Кстати, девочку Ксению мы учили так, как посоветовал наш дорогой учитель Ту. Когда ей и ее закадычному сотрапезнику мальчику Косте было лет по четыре-пять, мы устроили соревнование. Перед детьми поставили по две пиалы, в одной лежало десять фасолин, и нужно было палочками переложить их в пустую. Следя друг за другом, дети взяли в руки палочки и первая же фасолина от спешки выскочила у обоих. А потом пошло. Свойственная мне объективность не позволяет сообщить, кто победил. Осталось научить их готовить, но для этого время еще есть.
И вообще за азиатским обедом мы помним слова уважаемого Ту и соблюдаем семь его указаний, данные им, когда он неоднократно руководил нами на месте.
Дорогой учитель Ту говорил:
1. Когда берешь из общего блюда, переверни палочки обратным концом.
2. Никогда не показывай, что ты голоден: ешь медленно, смакуя, как бы показывая хозяевам, что против таких яств не устоит и сытый. (Если в себе не уверен, поешь перед выходом из дому.)
3. Попробуй всего понемногу, потом сочетай самые разные блюда: горькое со сладким, горячее с холодным.

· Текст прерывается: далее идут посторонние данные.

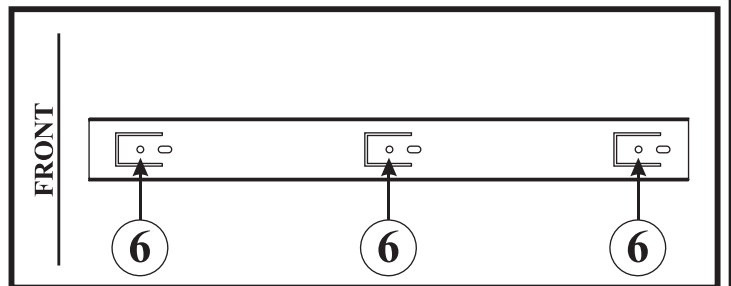

KENDO K1

Witryna

1  x16	2  x16	3  x16	4  8x35 x64	5  x6	6  3,5x16 x64
8  x90	9  x10	10  x8	11  x8	12  x16	13  4x28 x20
14  x1	15  x4	7  x1	16  x8	17  x24	

Czas mont. - 160 min.

KENDO K1

Witryna

7

8

9

10

13 4x28 x4	6 3,5x16 x16
9 x2	10 x8

4 8x35 x48	13 4x28 x16	
8 x40	9 x8	7 x1

13

x4

6 3,5x16 x24

16 x8

17 x24

5 x6

14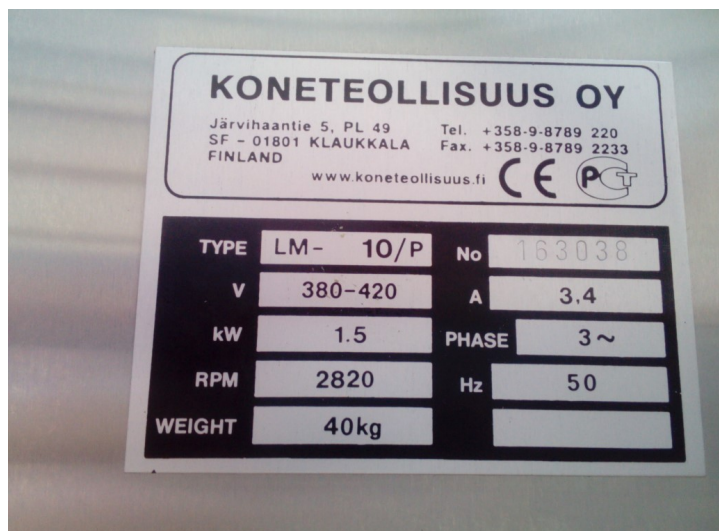

Čiekuru iela 2C,
Daugavpils, Latvia

+371 26952526
+358 408659371

masterlux@inbox.lv

www.masterlux.lv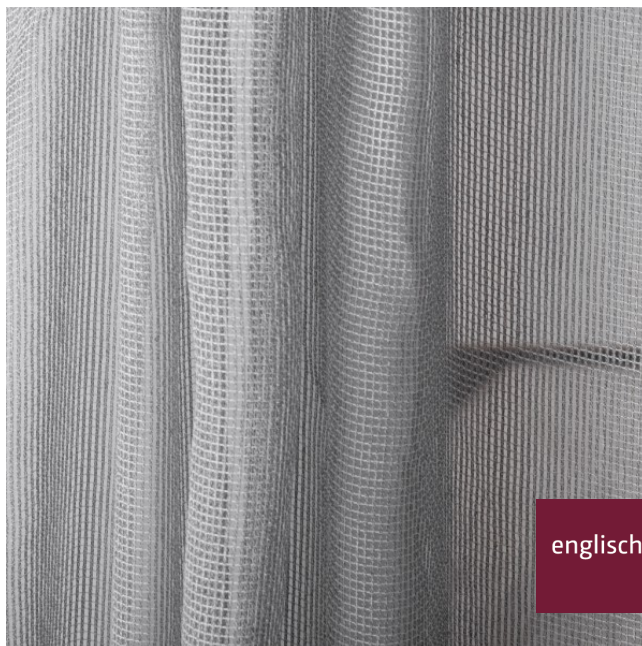

Store
sheer

Breite/Höhe **ca. 320 cm**
width/height

Gewicht **155 g/m²**
weight

Material **100% PES FR**
material

Pflegeanleitung 
care instructions

englisch dekor
vienna

X9507/320BB

Beschwerungsband **Ja/yes**
weigh down band

Schwer brennbar **Ja/yes**
flame retardant
EN 13773
ÖNORM A3800
BS5867 - TYPE B+C
CLASSE UNO
IMO - FTP PART 7

Garntyp **mehrfach**
yarn type *ply*

Färbemethode **GARNFÄRBUNG**
dying method

Öko-tex Standard 100 **Ja/yes**
öko-tex Standard 100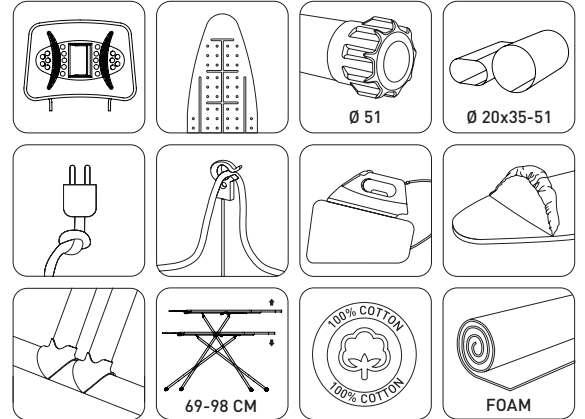

MONO MONDO

18327

- 69'dan 98 cm'ye kadar yükseklik ayarı
- Elektrostatik toz boya kaplama
- 43x125 cm monoblok ütüleme yüzeyi
 - %100 pamuklu kumaş
 - Kumaş altında yüksek kaliteli sünger
- Yanmaz silikon pedli özel ütü dayanağı
 - CE sertifikalı elektrik kablosu ve fişi
- Ütülemeyi kolaylaştıran özel kablo tutucu tasarımı
 - Kaymayı önleyici plastik ayak tapaları

156x98x43

43x125

43x168

7,9

0,0567375

20x35-51

2

15x170x44,5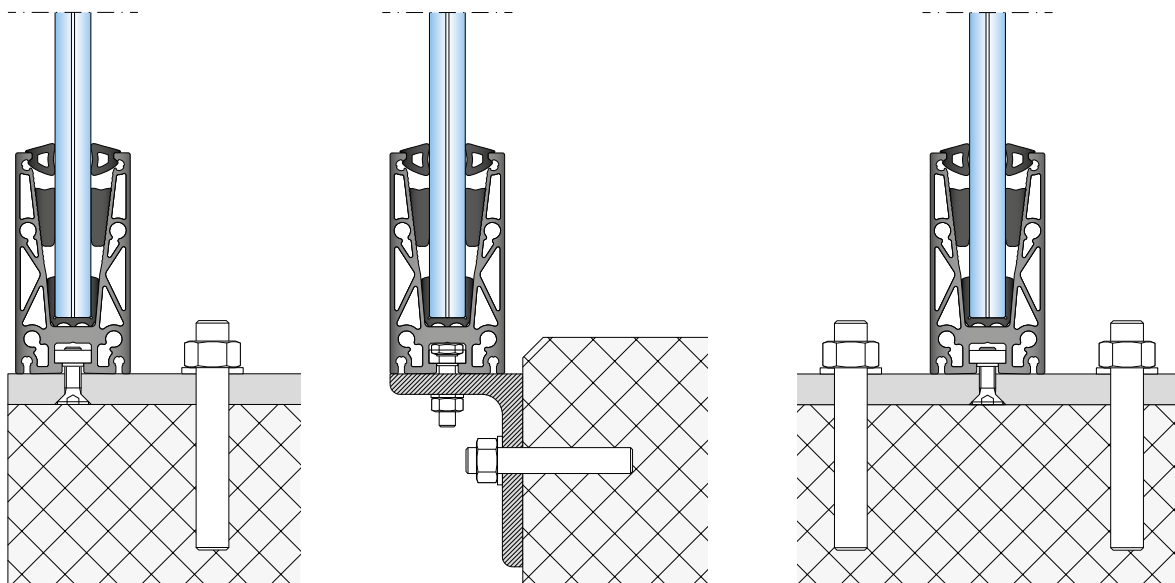

Vorteile von VITROBAR® T16

- ⊕ Schnelle und einfache Montage
- ⊕ Erfüllt Schweizer Normen
- ⊕ Trockenverglasung
- ⊕ Glaswinkelkorrektur
- ⊕ T-Nute für Fixmontage
- ⊕ VSG 16 mm
- ⊕ **0.8 kN/m**

Montagemöglichkeiten

4. Веди при этом учтивую беседу. Очень вежливо вспомнить стихи древних поэтов, приличествующие случаю.
5. Не забывай во время еды отпивать маленький глоток чая: он очищает рот и создает приятное настроение.
6. Помни, что суп такое же блюдо, как и все остальные, у вьетнамцев его подают среди прочих кушаний; китайцы же считают нужным завершить им обед, не удивляйся этому; всякий обычай заслуживает почтения.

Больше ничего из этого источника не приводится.